Israeli drone strike kills Fatah official in Sidon
An Israeli strike in the southern coastal city of Sidon killed a Fatah official on Wednesday, a senior member of the Palestinian group and a security source said.
It marked the first such reported attack on Fatah, the movement led by Palestinian president Mahmoud Abbas, in more than 10 months of cross-border clashes between Israel and Hezbollah.
"The Israeli strike in Sidon killed (Fatah) group official Khalil Maqdah," said Fathi Abu al-Aradat, a senior member of the group that rivals Gaza's Palestinian Islamist rulers Hamas.
A Lebanese security source confirmed the report to AFP, saying the strike hit his car.
An AFP correspondent at the site of the attack said a car was struck near the Palestinian camps of Ain al-Helweh and Mieh Mieh, adding rescuers had pulled a body from the charred vehicle.
Lebanon's official National News Agency said Maqdah was killed "in a drone strike on his car".
Mounir Maqdah, who heads the Lebanese branch of Fatah's armed wing, the Al-Aqsa Martyrs' Brigades, told broadcaster Al-Mayadeen that his brother Khalil had been killed.
He told the channel his brother had been a commander in the Al-Aqsa Martyrs' Brigades and vowed the group "will respond inside of Israel."
Israeli officials have accused Mounir Maqdah of facilitating the smuggling of weapons into the West Bank.
The Israeli army claimed Wednesday the attack and said al-Maqdah and his brother have worked for the Iranian Revolutionary Guards in "directing attacks and transferring funds and weapons to terrorist infrastructure" in the occupied West Bank.
Tawfiq Tirawy, a member of Fatah's central committee, told AFP that Israel killed Maqdah in order to start a regional war.
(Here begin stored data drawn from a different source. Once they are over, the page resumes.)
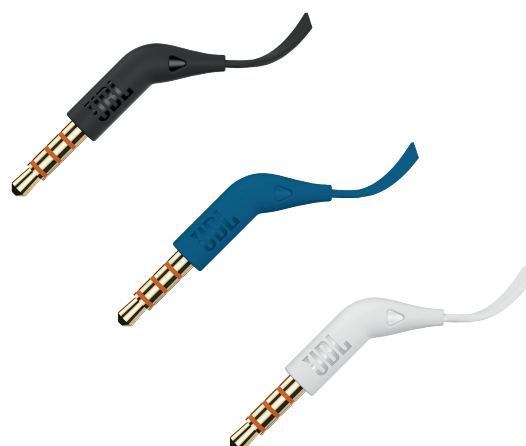

### Des graves puissants, pour vous faire bouger.

Voici les écouteurs intra-auriculaires JBL T110. Ils sont légers, confortables et compacts. Sous les coques d'écouteurs durables, une paire de haut-parleurs graves de 9 mm propulsent des graves de choc, en reproduisant le son Pure Bass de JBL que vous connaissez dans les salles de concert, les stades et les studios d'enregistrement du monde entier. En plus, la télécommande à une touche sur un câble plat anti-nœud vous permet de commander la lecture de la musique et de répondre instantanément aux appels avec son microphone intégré. Les JBL T110 sont vos compagnons quotidiens au travail, au domicile et en déplacement.

### Caractéristiques

- ▶ Son JBL Pure Bass
- ▶ Télécommande 1 touche avec microphone
- ▶ Câble plat sans nœud

### Télécommande 1 touche avec microphone

Commandez la lecture de la musique avec une télécommande un touche pratique. Vous avez un appel ? Répondez instantanément avec le microphone intégré.

### Câble plat sans nœud

Un câble plat durable et qui ne s'emmêlera pas en nœuds.
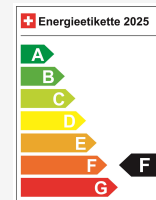

## Dati tecnici

Porte / Sedili	4 / 5
Colore interno	Schwarz
Cilindrata	1'969 cm <sup>3</sup>
Cilindri	4
Hp	250 hp
Leergewicht	1'748 kg
Verbrauch in l/100 km	9/5.5/6.8 (Stadt/Land/Total)
Internal Number	99674
Ab MFK	Ja
Warranty	Ja
Direkt-/Parallelimport	Ja

## Efficienza energetica & consumi

Efficienza energetica\* **F**

Emissioni Co2 **155 g/km**

Consumo combinato **6.8 l/100 km**
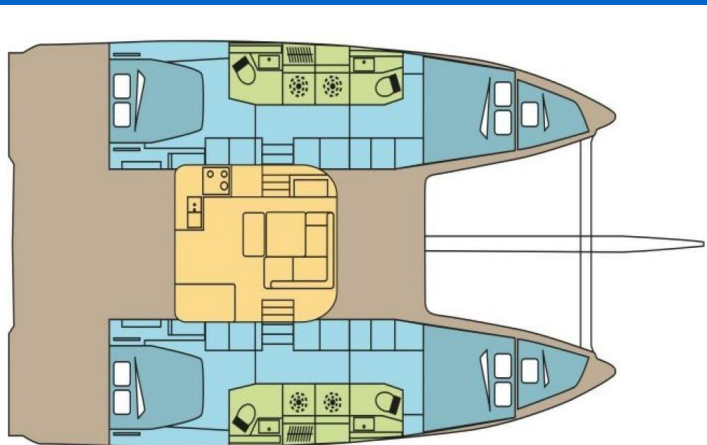

EXCESS 14

LEVENEZ (2026)

Katamaran Excess 14 LEVENEZ, gebaut im Jahr 2026, liegt in Polynesia, Raiatea, Französisch Polynesien, Französisch Polynesien vor Anker. Es verfügt über :Kabinen Kabinen, bietet Platz für :Betten Personen und hat 4 Toiletten. Bettwäsche und Küchenausstattung sind im Preis inbegriffen.

LEVENEZ

Baujahr

2026

Länge

46 ft

Kabinen

4 + 2

Kojen
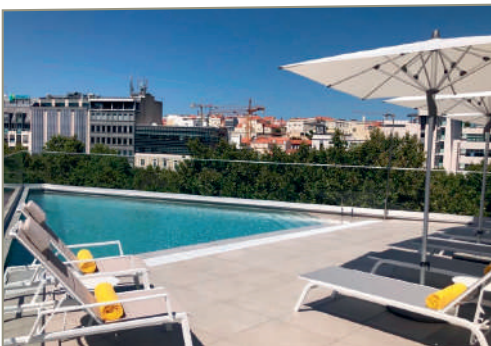

101 Quartos
101 Rooms

Ar Condicionado
Air Conditioned

Sala Multimédia
Business Center

Wi-Fi
Wireless

Sala de Leitura
Reading Room

VIP
Quarto Executivo
Executive Room

Piscina
Swimming Pool

Bar
Bar

Restaurante
Restaurant

Cafeteria
Coffee Shop

Facilidades para Deficientes
Disabled Access

Parque de Estacionamento
Parking

Berço e Facilidades para Bebê
Baby Equipment Provided

Sala de Reunião
Meeting Room

TURIM BOULEVARD HOTEL

Avenida da Liberdade, 159

1250-141 Lisboa – Portugal

Tel.: (+351) 210 408 780

E-mail: boulevard@turimhotels.com

The "assassination is further proof that Israel wants to ignite a full-scale war in the region", he said.
Fatah said Maqdah had been killed "in a cowardly assassination carried out by ... Zionist (Israeli) warplanes on Sidon", describing him as "one of the leaders" of the Al-Aqsa Martyrs' Brigades in Lebanon, the movement's armed wing.
In a statement, it said Maqdah had "a central role" in "supporting the Palestinian people and its resistance" during the Gaza war and an "important role in supporting resistance cells" for years in the West Bank.
Dozens of angry Fatah supporters gathered inside the Ain al-Helweh camp and gunshots were fired in the air.
Hezbollah and its allies have exchanged regular fire with Israel in support of its ally Hamas since the Palestinian militant group's October 7 attack on Israel sparked the Gaza war.
Hamas and Fatah have been bitter rivals since Hamas fighters ejected Fatah from the Gaza Strip after deadly clashes that followed Hamas's resounding victory in a 2006 election.
Fatah controls the Palestinian Authority, which has partial administrative control in the Israeli-occupied West Bank.
Earlier this month, another Israeli drone strike hit an SUV on a main road in Sidon, killing a Hamas official identified as Samer al-Haj.
The Lebanese wings of Hamas and the allied Palestinian Islamic Jihad have launched occasional attacks on northern Israel from Lebanon over the past 10 months. But Fatah has not announced any attacks on Israel from Lebanon since clashes began nor had it mourned members killed by Israeli fire in Lebanon.